(MC) If the compound interest on $1000 for two years at 9% p.a., payable half-yearly is $x, find x.
A) 1000x9/100x2
B) 1000(1+9/100)⁴
C) 1000(1+4.5/100)⁴
D) 1000(1+9/100)²-1000
E) 1000(1+4.5/100)⁴-1000
To find the compound interest on $1000 for two years at 9% p.a., payable half-yearly, we can use the formula:
A = P(1 + r/n)^(nt)
Where:
A = the final amount after interest
P = the principal amount (the initial amount)
r = annual interest rate (as a decimal)
n = number of times that interest is compounded per year
t = number of years
In this case, the principal amount (P) is $1000, the annual interest rate (r) is 9% (0.09 as a decimal), and the interest is compounded half-yearly, so n = 2 (twice a year). The time period (t) is 2 years.

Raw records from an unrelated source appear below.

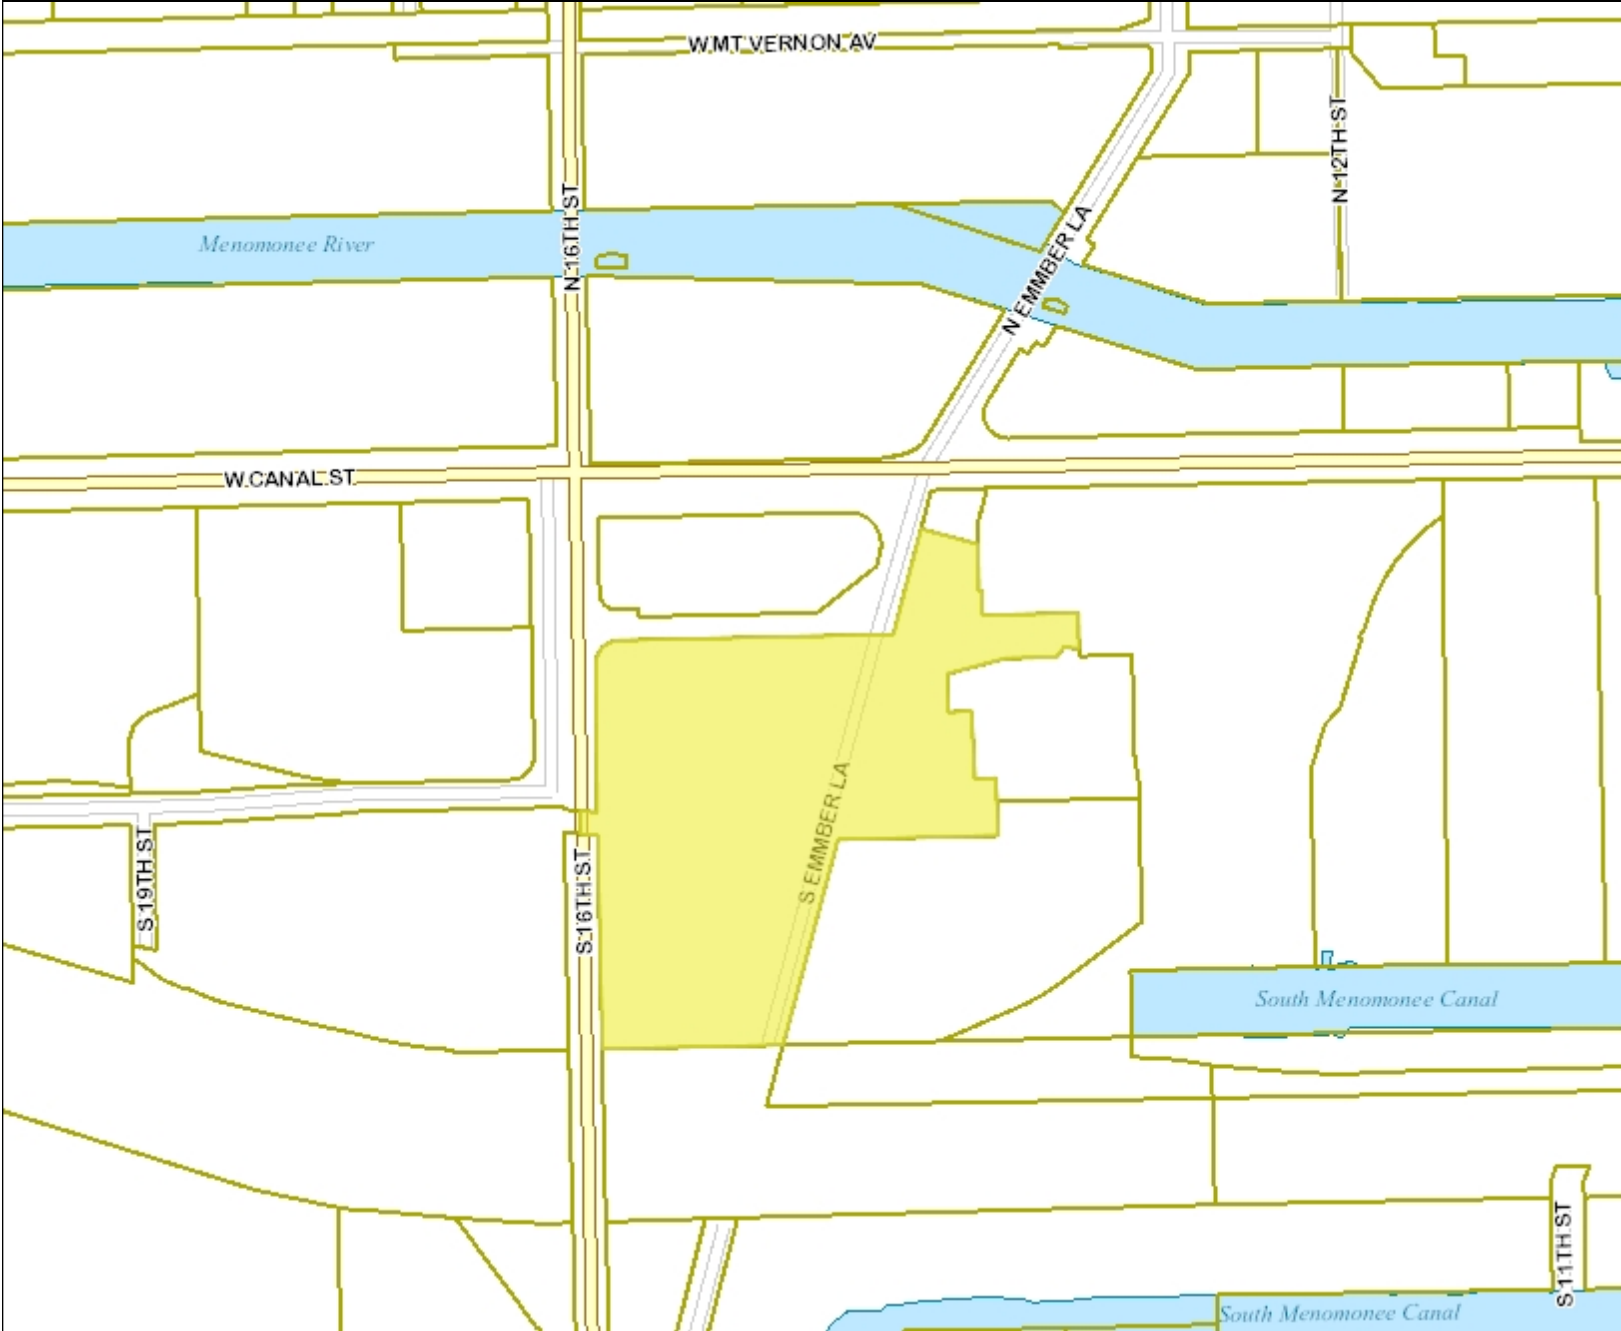

219 South Ember Lane

City of Milwaukee, Wisconsin

- Legend -

- City limits
- Parcels
- Freeways**
 - Freeways
 - Exit ramps
 - Entry ramps
 - Ramps
- Major streets
- Streets
- Waterways

- Notes -

Plugging in these values, we have:
A = 1000(1 + 0.09/2)^(2*2)
= 1000(1 + 0.045)^(4)
= 1000(1.045)^4
Therefore, the compound interest is equal to the final amount minus the principal amount, so the answer is:
E) 1000(1+4.5/100)⁴-1000
To find the compound interest on $1000 for two years at 9% p.a., payable half-yearly, we need to use the compound interest formula:
A = P(1 + r/n)^(nt)
where:
A = final amount
P = principal amount (initial investment)
r = annual interest rate (in decimal form)
n = number of times interest is compounded per year
t = number of years
In this case, the principal amount is $1000, the annual interest rate is 9% (or 0.09), interest is compounded semi-annually (n = 2), and the time period is 2 years (t = 2).
Plugging in the values into the formula, we get:
A = 1000(1 + 0.09/2)^(2*2)
Simplifying further:
A = 1000(1 + 0.045)^(4)
Now, let's calculate this:
A = 1000(1.045)^(4)
A = 1000(1.1932025)
A ≈ $1193.20
The final amount after two years is approximately $1193.20.
To find the compound interest, we subtract the principal amount from the final amount:
Compound Interest (x) = A - P
x = 1193.20 - 1000
x = $193.20
Therefore, the compound interest on $1000 for two years at 9% p.a., payable half-yearly is $193.20.
Looking at the answer choices, the correct answer is option E) 1000(1 + 4.5/100)⁴ - 1000.